Alessandria del Carretto

5 febbraio 2014 – Foto di Carmine Adduci – Alessandria del Carretto

Venne infatti non per filmare la ritualità della Pita ma per denunciare un paese isolato, dimenticato da tutto e da tutti. Lo spiega chiaramente nel commento “opportunamente” tolto nella raccolta-rieditata “Il mondo perduto” della Feltrinelli. Nel commento descrive una comunità appartenente ad un mondo spento, arcaico, dimenticato, parla di un paese condannato, di una strada in sfacelo, un paese in balia di un sortilegio, della tecnica che si arrende alle alluvioni e alle frane, di una comunità che da secoli attende la speranza. Siamo nel 2014 ma ad Alessandria il tempo sembra essersi fermato a 50 anni fa.

pita
Dietro i volti baciati dal sole estivo ci sono ombre di solitudine, isolamento e abbandono. Dietro le cartoline colorate di spot pubblicitari del paese mare/monti, della tradizione dei suoni e delle ritualità ci sono persone reali che vivono un disagio inquietante.

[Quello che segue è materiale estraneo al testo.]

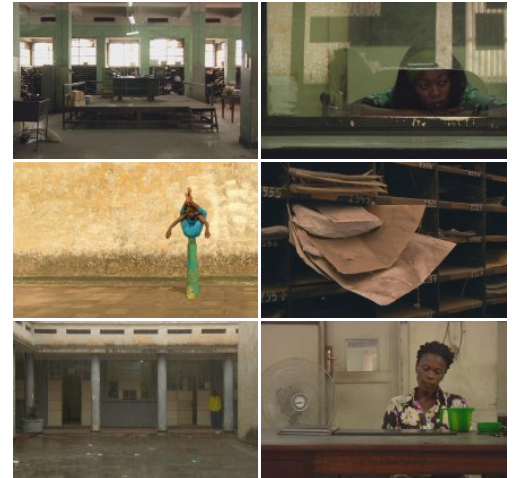

CONTACT & SALES

CONTACT

MORE INFO

flandersimage.com

Disagi dovuti alla precaria assistenza sanitaria e sociale, alla quasi totale assenza di servizi, dall’assenza dei più comuni mezzi di informazione. Sono giorni che il paese è isolato e i mass media hanno solo fatto dei piccoli accenni alla situazione. La strada è franata in più punti e i disagi aumenteranno sicuramente nel tempo. Il paese si sta sfaldando in tutti i sensi, non ha più certezze nel futuro, la rilassatezza delle feste sembra quasi provocare un camuffamento della realtà, siamo proprio noi dell’Associazione F. Vuodo a scrivere questo pensiero, noi che da dieci anni organizziamo Radicazioni facciamo autocritica.
La realtà della comunità è ben diversa dalla realtà artefatta delle feste. Dopo i fatti di “cronaca orografica”, ci sentiamo in forte imbarazzo nei confronti della nostra comunità, vogliamo denunciare lo stato di estremo abbandono e isolamento che ha posto Alessandria del Carretto ai margini di ogni logica del vivere civile, di una vita fatta di diritti e doveri. Gli alessandrini che partono compiono scelte sofferte e contrastate, a volte mai capite da chi resta. Noi siamo per l’agire collettivo. Chiediamo a tutti di unirsi alla nostra lotta, una lotta comune.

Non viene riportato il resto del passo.